There is a danger in doing this kind of blog that one can get all wrapped up in anger, frustration, and disillusionment.
From time to time Often, I wonder why I should keep playing music as I watch other passengers board the lifeboats to get off the sinking ship.
But, it’s worth reminding myself from time to time why I care.
This vessel we call public education in America is worth saving.
American public schools are everything that we have to say about the hopes and fears and aspirations for our future. Only in America do we bring people from any and all backgrounds into the same school buildings. Only in America do we let you pursue whatever dream of a future you can conjure up in your mind.
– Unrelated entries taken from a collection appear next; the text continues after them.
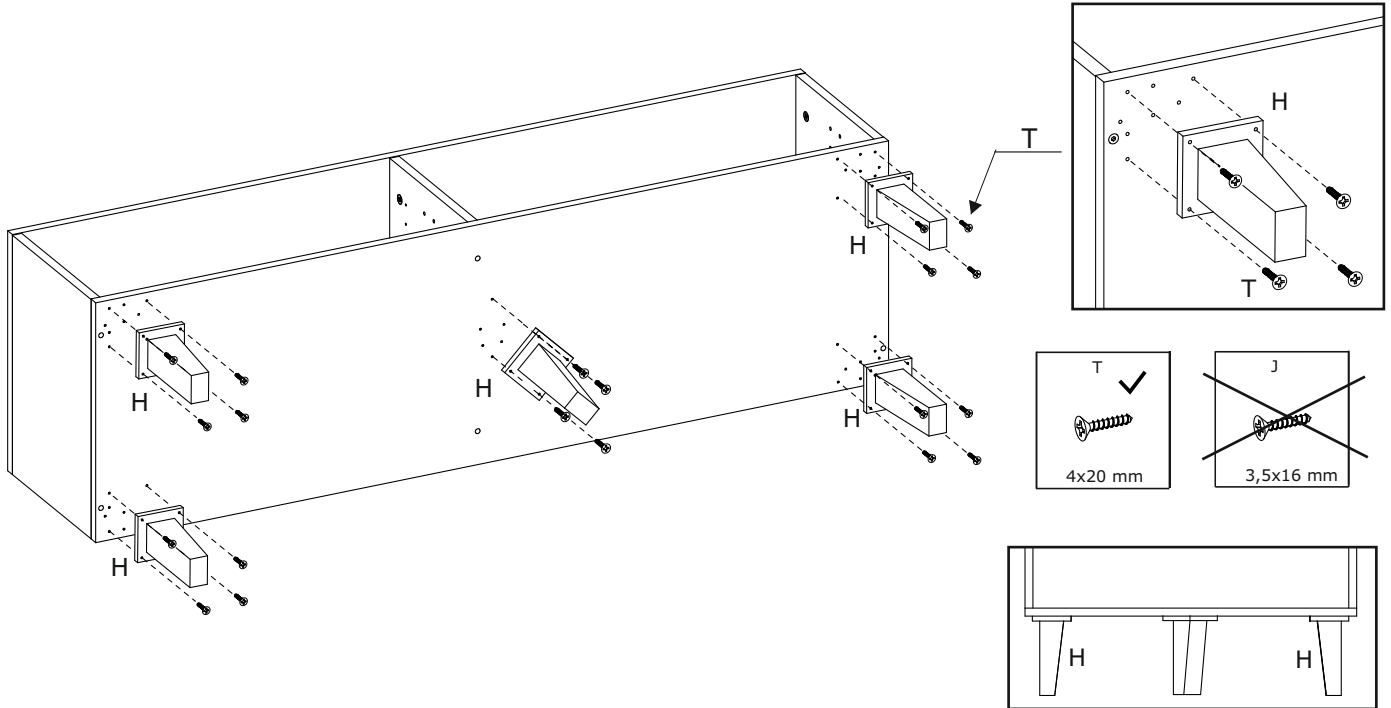

## Tv cabinet 2K

**BOX 1/1:**

896x298x19 mm

896x298x19 mm

1

2

3

4
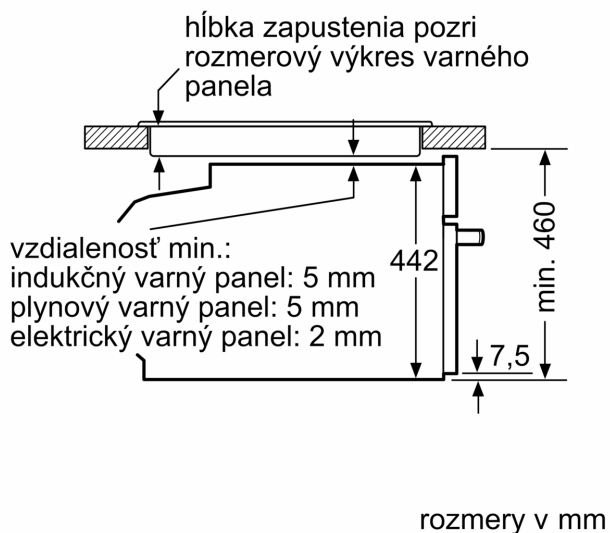

tepla tlačidlo štart/stop spínač kontaktu dverí

Technické informácie

- dĺžka napájacieho kábla: 150 cm
- napätie: 220 - 240 V
- celkový príkon elektro: 3.6 kW

Rozmery a technické informácie

- rozmery spotrebica (V x Š x H): 455 mm x 594 mm x 548 mm
- rozmery niky (V x Š x H): 450 mm - 455 mm x 560 mm - 568 mm x 550 mm
- "Rozmery potrebné pre zabudovanie nájdete v inštalačných materiáloch."

iQ700, Kompaktná zabudovateľná rúra s mikrovlnami, 60 x 45 cm, čierna CM776GKB1

Rozmerové výkresy

Rozmery v mm

Montáž dvoch spotrebičov nad sebou

Výmena vzduchu

A: Otvor na prívod vzduchu $\geq 200 \text{ cm}^2$

rozmery v mm

Rozmerové výkresy

zabudovanie s varným panelom

Pokiaľ je kompaktný spotrebič zabudovaný pod varným panelom, musí byť dodržaná nasledujúca hrúbka pracovnej dosky (príp. vrátane nosnej konštrukcie).
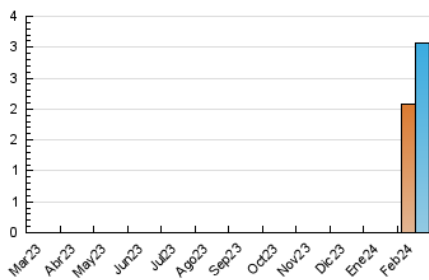

4.3 Per mesos

N. únics / Visites (x 1000)
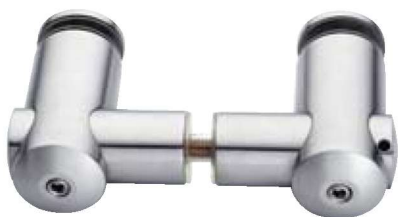

GX 512.3 Петля стекло-стекло 135°

GX 512.4 Петля стекло-стекло 90°

GX 62.1 Крепление стена-стекло * для неподвижных панелей

GX 62.2

Крепление стекло-стекло 180°

* для неподвижных панелей

GX 62.4

Крепление стекло-стекло 90°

* для неподвижных панелей

GX 62.5

T-образное крепление стекло-стекло

GX 62.1 МН
Магнитный
стопор настенный

GX 62.2 МН
Магнитный
стопор на стекло 180°

GX 62.3 МН
Магнитный стопор на стекло 135°

GX 62.4 МН
Магнитный стопор на стекло 90°

Запатентовано: США, Тайвань

TH-01

Напольный профиль для порога душевой кабины

Материал: нержавеющая сталь марки SUS304

Варианты исполнения:

PSS: полированная нержавеющая сталь;

SSS: матовая нержавеющая сталь;

Стандартная длина профиля 900 мм

DS-01

Дверной стопор

Материал: нержавеющая сталь марки SUS304
с черной резиновой окантовкой

Варианты исполнения:

PSS: полированная нержавеющая сталь

с черной резиновой окантовкой
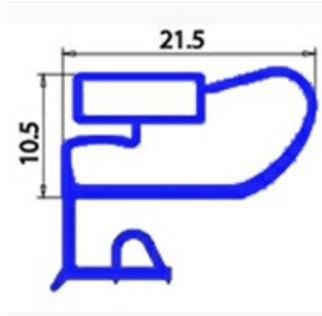

# GUARNIZIONE MAGNETICA MEZZO BORDO 590x382MM XX4

Data: 23-12-2024

ORIGINAL  
**OSP**  
SPARE PARTS

## Dati tecnici

LATO CORTO mm	A=382mm
LATO LUNGO mm	B=590mm
TIPO PROFILO	XX4
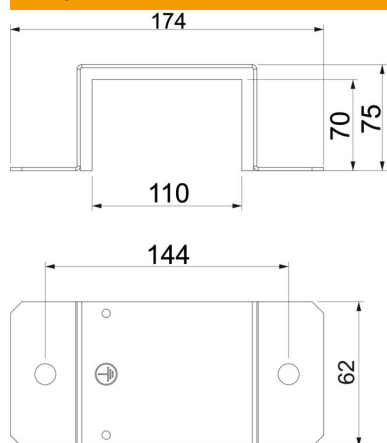

Skava ar integrētu blīvējumu izmantošanai ar BSKM 0711, lai savienotu un dūmu necaurlaidīgi noslēgtu kanālu savienojumu vietas. Izmantojama tad, ja starp kanāla malu un griestiem vai sienu ir vismaz 30 mm. Kombinācijā ar aptveres leņķi ir ietverta nepievienota blīve.

St Tērauds

FS cinkots

Pamatdati

Preces numurs	7216310
Tips	BSKM-VD 0711 FS
Apzīmējums 1	Pievienojums ar blīvi
Apzīmējums 2	sienas un griestu montāžai
Ražotājs	OBO
Izmērs	70x110
Materiāls	Tērauds
Virsmas	cinkots
Virsmas standarts	DIN EN 10346
Mazākā VK vienība	1
Daudzuma mērvienība	Gabals
Svars	37,8 kg
Svara vienība	kg/100 gab.

Tehnisko datu lapa

Savienotājs

Preces numurs: 7216310

Izmēri

Izmērs A	174 mm
Izmērs B	110 mm
Izmērs d	144 mm
Izmērs H	70 mm
Izmērs t	75 mm

Tehniskie dati

Piederumu veids	Citi
Ugunsizturības klase I - Montāžas kanāls	120
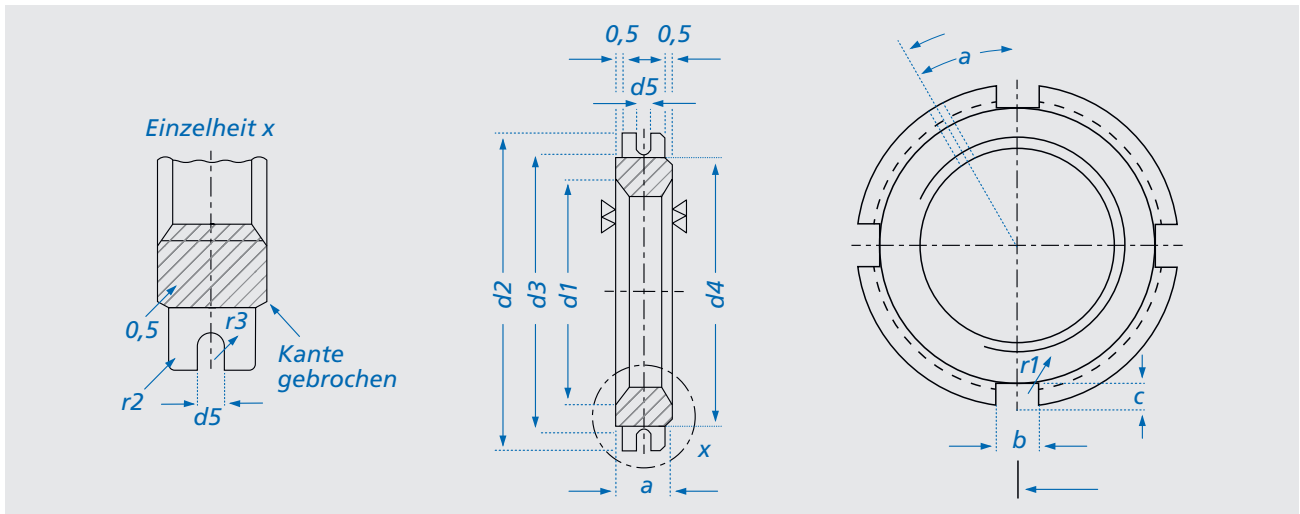

Nutmuttern DIN 70851*

Werkstoffe: Stahl, Edelstahl (ungehärtet und ungeschliffen)

Artikelnummer	Gewinde	a	b	c	d2	d3	d4	d5	r1	Nuten	Gewicht kg/ 100 Stk.
70851101	M 10x1	5	4,5	1,8	20	17	16	1,5	0,3	4	0,77
708511215	M 12x1,5	6	4,5	1,8	22	19	18	1,5	0,3	4	1,02
708511415	M 14x1,5	6	4,5	1,8	24	21	20	1,5	0,3	4	1,16
708511615	M 16x1,5	6	5,5	2,3	28	25	23	1,5	0,3	4	1,6
708511815	M 18x1,5	6	5,5	2,3	30	27	25	1,5	0,3	4	1,76
708512015	M 20x1,5	6	5,5	2,3	32	29	27	1,5	0,3	4	1,93
708512215	M 22x1,5	7	6,5	2,8	36	33	30	1,5	0,3	4	2,94
708512415	M 24x1,5	7	3,5	2,8	38	35	32	1,5	0,3	4	3,17
708512615	M 26x1,5	7	6,5	2,8	40	37	34	1,5	0,3	4	3,41
708512815	M 28x1,5	7	6,5	2,8	42	39	36	1,5	0,3	4	3,64
708513015	M 30x1,5	7	6,5	2,8	44	41	38	1,5	0,3	4	3,88
708513215	M 32x1,5	8	7	3,3	48	44	41	2	0,3	4	5,36
708513515	M 35x1,5	8	7	3,3	50	46	43	2	0,3	4	5,34
708513815	M 38x1,5	8	7	3,3	54	50	47	2	0,3	4	6,27
708514015	M 40x1,5	8	7	3,3	56	52	49	2	0,3	4	6,57
708514215	M 42x1,5	8	8	3,8	60	56	52	2	0,3	4	7,75
708514515	M 45x1,5	8	8	3,8	62	57	54	2,5	0,3	6	7,13
708514815	M 48x1,5	8	8	3,8	65	60	57	2,5	0,3	6	7,61
708515015	M 50x1,5	8	8	3,8	68	63	60	2,5	0,3	6	8,57
708515215	M 52x1,5	8	8	3,8	70	65	62	2,5	0,3	6	8,88
708515515	M 55x1,5	8	8	3,8	75	70	67	2,5	0,3	6	10,8
708516015	M 60x1,5	9	11	4,3	80	75	71	2,5	0,3	6	12,7
708516515	M 65x1,5	9	11	4,3	85	80	76	2,5	0,3	6	13,7
708517015	M 70x1,5	9	11	4,3	90	85	81	2,5	0,3	6	14,8
708517515	M 75x1,5	10	11	4,3	95	89	86	3	0,3	6	17,3

We strive to provide every child, regardless of background and home life, at least one unrelated adult in his/her life who can provide good direction and model a healthy adult life. We guarantee that every child will have access to a place where every person is put in place to honor the needs of that child first and foremost – not profits, productivity, or the good of the institution.
American public schools collect everything there is to love and hate about our culture. American public schools openly display everything that is beautiful and everything that is broken about us as a people. Our flowers and our warts are on clear display for all to see.
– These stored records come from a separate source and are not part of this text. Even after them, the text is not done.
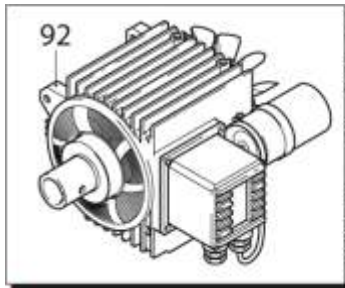

LISATA DE PEÇAS CONJUNTO MOTO-BOMBA TERM INOX 600			
POS.	CÓDIGO	DESCRIÇÃO	QTDE
1	FW000076	PARAFUSO ALLEN CC M-5x20 ZN	6
2	FW000035	TAMPA LATERAL BOMBA AP TERM INOX 600	1
3	FW000036	GUARNIÇÃO DA TAMPA BOMBA TERM INOX 600	1
4	FW000037	VARETA DE OLEO BOMBA TERM INOX 600	1
5	30020094	PARF ALLEN CC M6x30 ZN	4
7	FW000038	VIRABREQUIM BOMBA TERM INOX 600	1
10	1607900	ANEL ELAST FURO 52mm DIN 472	1
11	41019510	RETENT 25x52x7 BOMB "L" BRG	1
12	FW000075	ROLAMENTO 6205 ZZ MOTOR TERM INOX 600	1
13	FW000039	TAMPA TRASEIRA BOMBA AP TERM INOX 600	1
14	FW000040	TIRANTE MOTOR TERM INOX 600	4
15	FW000074	ANEL ANTI PÓ EIXO MOTOR TERM INOX 600	1
16	FW000041	VENTOINHA MOTOR TERM INOX 600	1
21	15001100	O-RING 14,0x1,78 2015	2
22	FW000042	TAMPÃO 3/8" NPT BOMBA TERM INOX 600	2
23	FW000078	KIT RETENTOR PISTÕES COM 3	1
26	FW000046	GUIA PISTÃO BOMBA TERM INOX 600	3
29	FW000077	KIT PISTÃO CERÂMICO 18mm COM 3	1
30	FW000050	BASE DA BOMBA TERM INOX 600	2
31	FW000054	TAMPÃO 13/16 NPT VAVL S/C TERM INOX 600	1
32	18010100	O-RING 17,5x2	1
33	FW000051	CABEÇOTE DE LATÃO BOMBA TERM INOX 600	1
34	FW000052	TAMPA VENTOINHA MOTOR TERM INOX 600	1
35	70020317	KIT VALV S/P (IMPORTADA) 1512B/ L-1600/2000/2400 NAC	1
41	FW000053	O'RING 17,86x2,62mm TAMP VALV TERM INOX 600	6
42	FW000073	TAMPÃO M-22x1,5mm TERM INOX 600	6
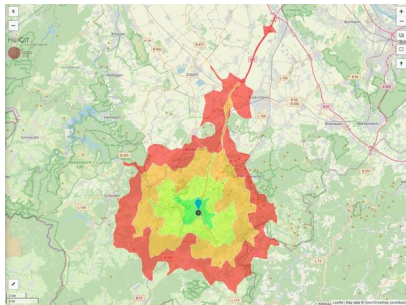

Gewerbegebiet Zingsheim**Ort: Nettersheim**www.germansite.de**Detailinformationen zum Gewerbegebiet**

Nettersheim - Ein ausgezeichnete Wirtschaftsstandort

Das Gewerbegebiet Zingsheim umfasst rd. 45 ha Fläche. Zu marktüblichen Kaufpreisen ab 10,00Euro pro m² erhalten sie alle Grundstücke komplett erschlossen und baureif. Über Niederlassungsmodalitäten berät Sie die Gemeindeverwaltung gern und umfassend.

BranchenschwerpunktBranchenmix

Wichtigste Eaton, Sägewerk, Hein, Lehmann, Presswerk Zingsheim, DUOTherm

Unternehmen Rolladen GmbH, Airfit, Nordeifelwerkstätten

Gewerbsteuer 413,00 %

Hebesatz

Preis 30,00 € / m²

Gebietsausweisung GE

Links<https://www.gistra.de>

Erreichbarkeit in 20 Minuten: 66.000

Verkehrsinfrastruktur

Autobahn	A 1	3,9 km
Autobahn	A 61	34,7 km
Flughafen	Köln-Bonn	69,9 km
Flughafen	Düsseldorf	118 km
Hafen	Am Godorfer Köln	55,5 km
Hafen	Köln Niehl	75,2 km

EXPOSÉ

Gewerbegebiet Zingsheim

Ort: Nettersheim

Informationen zu Nettersheim

In der Mittelgebirgslandschaft der Nordeifel zwischen Urft und Erft im Deutsch-Belgischen Naturpark Hohes Venn - Eifel liegt die Gemeinde Nettersheim. Sie wird aus den 11 Dörfern Boudersath, Buir, Engalgau, Frohngau, Holzmlheim, Marmagen, Nettersheim, Pesch, Roderath, Tondorf und Zingsheim gebildet, in denen heute rund 8000 Menschen leben. Alle Orte knnen auf eine lange Geschichte bis in das frhe Mittelalter oder sogar die Rmerzeit zurckblicken. Von Kirchturmen uberragte historische Ortskerne mit sorgsam restaurierten Fachwerk- und Bruchsteinhofanlagen laden zum Verweilen ein.
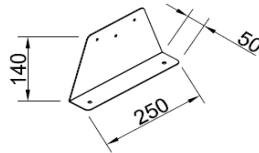

Durch austauschen der Anschlussbleche können die Swen-Schläuche gerade oder über Eck angeschlossen werden. s. Abb
Mit Regelklappen können Sie die Volumenströme individuell nach Bedarf einstellen.

Vorderansicht

Seitenansicht

Draufsicht

Zubehör:

Artikel Code	Artikel Nr.	Produkt Umschreibung	Maße			
			DN 1 innen	DN 2 außen	DN 3 innen	DN 4 außen
LVDG18145	6805	Luftverteiler mit Schalldämpfer	51 mm	177 mm		
		Zubehör				
DKSP050	6946	Kunststoffdeckel für DN50				
WS018	7000	Wandhalterset für Schalldämpfer				
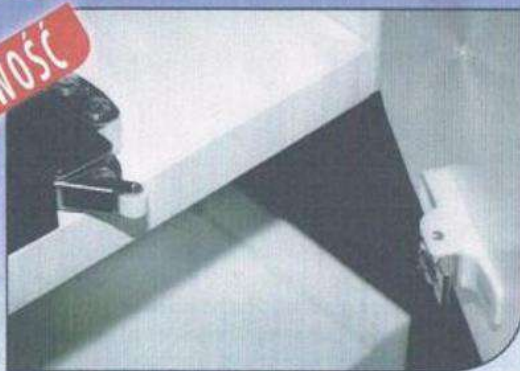

VIGO II

Witryna 90
pełna

G4 4 x 16 x5	L8 x1	G30 3 x 20 x2	G31 3 x 12 x2	L9 x1
C3 Z35PR x2	A2 ø7 x 70 x4	D3 PZ35PR x2	U8 x4	
K5 x16	K1 ø15 x 12 x16	B1 x16	W2 x1	G34 3,5 x 16 x4

ODBOJNIKI SAMOOTWIERAJĄCE

Nowość

Odbojnik samootwierający

Przeznaczenie:

- odbojnik do frontów (front po naciśnięciu otwiera się)
- zaleca się zastosowanie z zawiasem samootwierającym i zawiasem bez sprężyny

Cechy produktu:

- otwieranie frontu poprzez lekkie naciśnięcie
- brak konieczności stosowania uchwytych we frontach
- prosty montaż
- niezawodność
- kompletny zestaw montażowy (odbojnik, zastrzak)

Given all that, American public schools capture all that is random and chaotic and unpredictable about life. American public schools is the incubator of American values, morality, character, and human decency. They are democracy in action – messy, tumultuous, acrimonious, pessimistic, idealistic, inefficient, hopeful, dogmatic, ugly, glorious, optimistic, joyous, striving, triumphant, advancing, spirited, exhausting, reborn again and again and again.
As teachers, we know that we will leave a mark on the future, but we rarely know how. The events and special moments for which we build and plan vanish into our students’ pasts like a fleeting puff of wind, even as we discover that a few simple words you spoke decades ago have become a treasured guidepost in someone’s journey.
I believe in public education. While it as an expression of best and worse of our national character, it also represents our collective hope for a brighter and more prosperous future for our state and nation. A better America.
I believe there is nothing so incredible and so powerful as watching unique young people from diverse backgrounds learning side-by-side, finding their way to a greater understanding of themselves and each other, finding their path in the world, learning to be an integral part of this collective we call America, while retaining their uniqueness and special value.
Nothing else compares. Nothing. American public schools will never be good enough for some in our society. We will never be a neatly manicured, efficiently unified system because America will never be that kind of country. That’s okay. It’s not a flaw; it’s what makes our nation special and worthy of emulation.
So, yes, maybe those of us who advocate for public education are simply “playing on” while the ship of public education begins to list and take on water. Maybe it is a futile exercise, akin to rearranging the chairs on the ship while it sinks.
There may be a time in the not-so-distant future when I bid you all adieu and tell you, “Gentlemen, it’s been a privilege playing with you tonight,” while scurrying to capture a seat on the lifeboat.
Yet, tonight is not that night. I have not yet “been drowned into silence” and (God willing) I hope I have many more songs in me yet to play.
I hope you do, too. Because it your music and what you do to nurture the lives of children every day that keep me going.
So, together, let’s keep playing our music, even if it is sometimes drowned out by a cacophony of negative voices and naysayers. The hell with them. Let’s play louder and maybe add some cowbell!